Час они репетировали на лестнице, потом подошли другие танцовщики, и все вместе они репетировали еще час. У нее была возможность на десять минут перевести дух, пока он облачался в форму пехотинца для следующих снимков.
Потом они опять танцевали. Снимали Мика за фортепьяно, Эндрю со старой акустической гитарой и Перри, играющего на скрипке. Брин любила скрипичную музыку, но слушала она ее всего несколько минут. Явился Тони и увел ее, поскольку желал видеть, что произойдет, если они попробуют сделать по ступеням лестницы не пять, а шесть шагов.
Для нее это было очень высоко — если учесть, что ей надо было вслепую, спиной вперед падать на руки Ли.
Слишком высоко. Брин посмотрела вверх на лестницу и проглотила комок в горле, пытаясь унять страх и успокоиться. Почему от одной только мысли о высоте у нее перехватывает дыхание? Она допустила ошибку — просто не могла, и все.
— Слишком высоко? Обещаю вам, что смогу поймать вас, но если это для вас слишком сложно, так и скажите.
— Нет, — прошептала она, и это было очевидной ложью.
— Брин. — Она осознала, что он коснулся ее — его руки легли ей на плечи, и он смотрел ей прямо в глаза вполне дружелюбно. — Боязнь высоты — вполне обычная вещь, и не стоит из-за этого расстраиваться. Мы можем вернуться к предыдущему варианту.
На мгновение Брин заворожило это червонное золото его глаз, ей стало ужасно за себя стыдно. После этой ночи, после всего того, что она ему наговорила и того, как она себя вела, он выказывает ей сочувствие и доброту. «А я ведь могла бы полюбить его, — подумала Брин, — я на самом деле могла бы полюбить его…»
Она чуть встряхнулась.
— Нет, шесть ступенек — это нормально. — Она, поколебавшись, выскользнула из его рук и снова посмотрела вверх, на лестницу. — Все будет нормально. Но… благодарю вас.
Наконец она увидела его руки в действии. Она узнала, как они сильны.
Нежность и благодарность, которые она почувствовала к Ли, испарились вместе с утренней свежестью, а вот его энергия по-прежнему била фонтаном. Он не требовал от окружающих делать то, чего не мог бы сделать сам, но через несколько часов ее ноги, ступни и все ее тело ужасно болели.

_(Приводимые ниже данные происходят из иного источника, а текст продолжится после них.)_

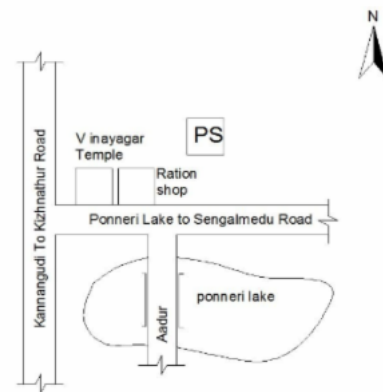

Google Map View

Polling Station Building Front View

Polling Station Front View

Cad View

Key MAP View

சட்டமன்றத் தொகுதியின் எண் மற்றும் பெயர் : 157-புவனகிரி பிரிவு எண் மற்றும் பெயர் 1-துணிசரமேடு (வ.கி) மற்றும் (உஊ), இந்திரா நகர்

Брин репетировала с Ли, потом с остальными танцовщиками. Казалось, этому не будет конца.
Где-то в середине происходящего ей удалось перемолвиться с Барбарой.
— Мне кажется, он намерен совершить преступление — массовое убийство двадцати танцовщиков путем доведения их до изнеможения.
Барбара засмеялась, но ведь от Барбары никто не требовал, чтобы она тратила свой перерыв на репетицию на лестнице.
— Он ведь перфекционист, правда?
«Перфекционист, ну и ну!» — подумала Брин.
Уже был полдень. Но ее время придет — скоро. Очень скоро.
К часу дня танцовщиков и операторов отпустили, Брин стояла на лужайке, граничащей с полем для гольфа загородного клуба «Тимберлейн», и пристально смотрела поверх бархатной изумрудной равнины на белые вершины горы, видневшиеся за ней.
Брин зарядила в свой «Кэнон» новую бобину пленки и сейчас ловила в видоискатель выгодный ракурс. Декорация была неподражаема. Вся аппаратура группы была перенесена на траву лужайки, и в кадре не было ничего, кроме синевы неба, зелени, гор и… а также мигающей неоновой вывески на отеле «Свит-дрим», которая нарушала спокойствие посетителей загородного клуба уже тем, что нахально подмигивала с другой стороны дороги.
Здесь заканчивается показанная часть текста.